Butches may cross-dress and crop their hair not because they want to be men, but because they are expressing a different way of being a woman, or simply of being gendered. Rather than attempting to replicate traditional masculinity and heterosexuality, butches present a challenge to both in their rejection of how the dominant culture has decided a woman should look and act.
Some young people today (in the homosexual community) eschew butch or femme classifications, believing that they are inadequate to describe an individual, or that labels are limiting in and of themselves. Other people within the queer community have tailored the common labels to be more descriptive, such as "soft stud," "hard butch," "gym queen," or "tomboy femme."
It is important to note that those who identify as butch and femme today often use the words to define their presentation and gender identity rather than strictly the role they play in a relationship, and that not all butches are attracted exclusively to femmes and not all femmes are exclusively attracted to butches, although this was traditionally the norm.
Behaviours not sanctioned by lesbian codes of conduct are suspect in the "lesbian community," because they smack of conformity to straight life, and so called patriarchal (an absurdly over-used word) notions of womanhood. Lesbianism, for many, has become a lifestyle, complete with its own vocabulary, food, clothing, politics, medicine, and psychology. Dissent is no laughing matter. The cause is paramount, goodspeak the lingua franca.

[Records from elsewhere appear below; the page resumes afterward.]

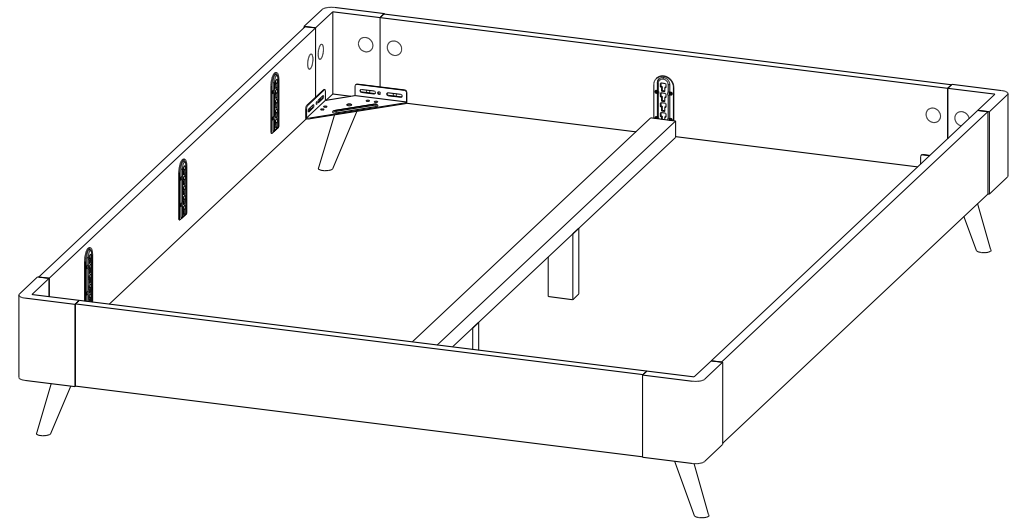

Кровать Lagom Base Chips ЛДСП

ООО "Орма групп", Россия, 115230,
г. Москва, Хлебозаводский проезд,
д. 7, стр. 9, этаж 4, помещение XI,
комната 5ц.

* комплектация штоков+эксцентров тип 1

** комплектация штоков+эксцентров тип 2

A1
2x

A2
2x

A3
1x

A4
2x

Перед установкой эксцентрика комплектации «*» проверить и совместить стрелку на пластиковом корпусе и металлической части эксцентрика

При установке эксцентрика необходимо соблюдать направление стрелки на эксцентрике в сторону отверстия
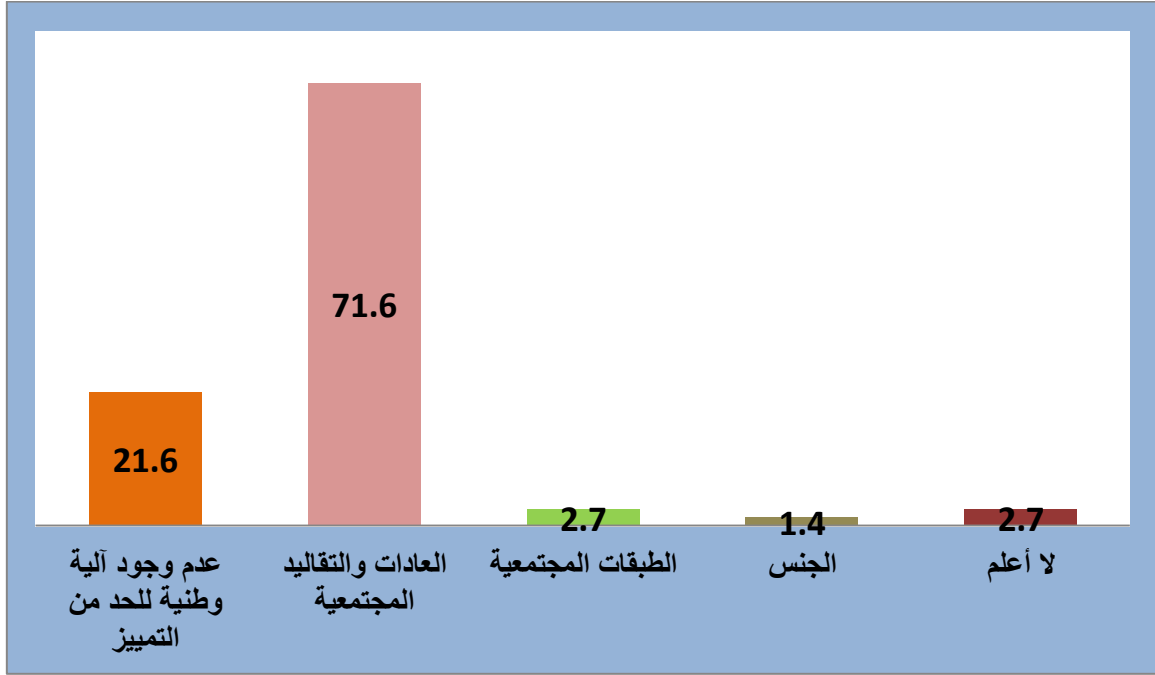

أكثر العوائق التي تواجه "الحد من التمييز ضد المرأة"؟
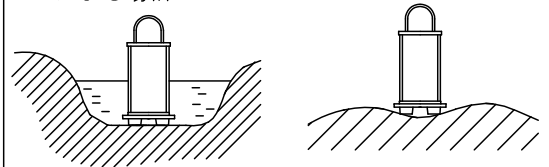

⚠ 安全に関するご注意

- 防雨型器具です。浴室など湿気の多い場所では使用しないでください。絶縁不良による火災・感電の原因となります。
- 据置き専用器具です。
- 次のような場所では使用しないでください。火災・感電の原因となります。

- くぼ地等の水のたまる場所
- 不安定な場所

- 傾斜した場所

- 調光器と組合せて使用しないでください。火災の原因となります。

- 本体の取付方式はツマミネジ方式です。
- 灯具カバーの取付方式はネジ込み方式です。
- 二重絶縁型
- アクリル2回塗り
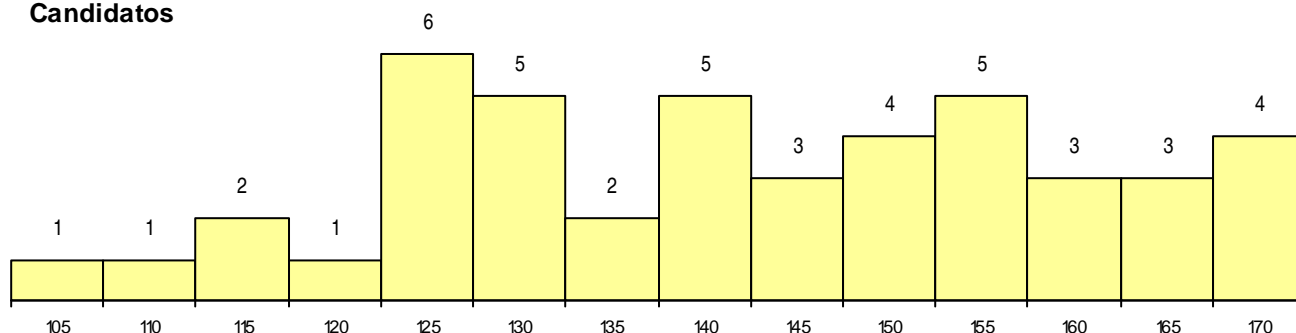

Estabelecimento: 0906 Universidade Nova de Lisboa - Instituto Superior de Estatística e Gestão de Informação
Curso Superior: 9155 Gestão de Informação
Licenciatura

OPÇÃO CANDIDATURA

Opção	Cands. %	Cols. %
1ª	14 24	4 50
2ª	9 16	0 0
3ª	8 14	0 0
4ª	4 7	0 0
5ª	6 10	0 0
6ª	4 7	0 0
Total	45	4

ETAPA COLOCAÇÃO (contingente)

Etapa Colocação	Cands. %	Cols. %	Nota
17 Geral	45 78	4 50	166,3
Total	45	4	

DISTRITO/GAES DE CANDIDATURA

Distrito Origem	Cands. %	Cols. %
Lisboa	36 62	3 38
Leiria	3 5	0 0
Setúbal	2 3	0 0
Santarém	2 3	0 0
Porto	1 2	1 13
Évora	1 2	0 0
Total	45	4

SEXO DOS CANDIDATOS

Sexo	Cands. %	Cols. %
Masc.	26 45	0 0
Femin.	19 33	4 50
Total	45	4

CURSO DO 12º ANO (15 mais frequentes)

Curso 12º ano	Cands. %	Cols. %
C61 Ciências Socioeconómicas	17 29	1 13
C60 Ciências e Tecnologias	14 24	3 38
C81 Recorrente - Ciências Socioeconómi	3 5	0 0
C62 Línguas e Humanidades	3 5	0 0
C82 Recorrente - Línguas e Humanidade	2 3	0 0
966 Cursos EFA, Formações Modulares,	1 2	0 0
950 Equivalências Estrangeiras (Decreto	1 2	0 0
T05 Técnico Comercial Bancário	1 2	0 0
P59 Técnico de Informática de Gestão	1 2	0 0
P56 Técnico de Gestão e Programação	1 2	0 0
C80 Recorrente - Ciências e Tecnologias	1 2	0 0

MÉDIAS dos Colocados

Nota de candidatura	168,2
Prova de ingresso	165,3
Média do 12º ano	169,8
Média do 10º/11º ano	169,8

DISTRIBUIÇÕES DE NOTAS DE CANDIDATURA

Candidatos
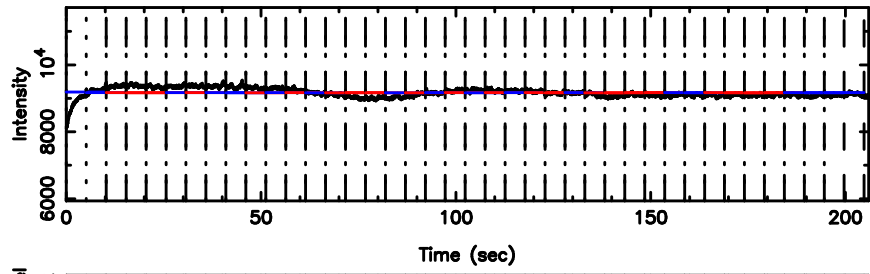

T20240603084012

Perhaps it’s part of human nature to stereotype and put people in a box. With the 90's came a genderqueer revolution where GLBTIQ people created new and innovative labels to describe themselves, while older labels were given new definitions. It can be argued that this is a positive step towards evolving language to be inclusive, or that embracing labels is a backward step.
Today, gender roles are a lot more fluid, hence why people may not be comfortable identifying with one label. Who cares if you can fit into a label or not? Most women I know, whether gay, bi, straight, transgender seem to have a little bit of all the gay stereotypes in them. Why should it matter?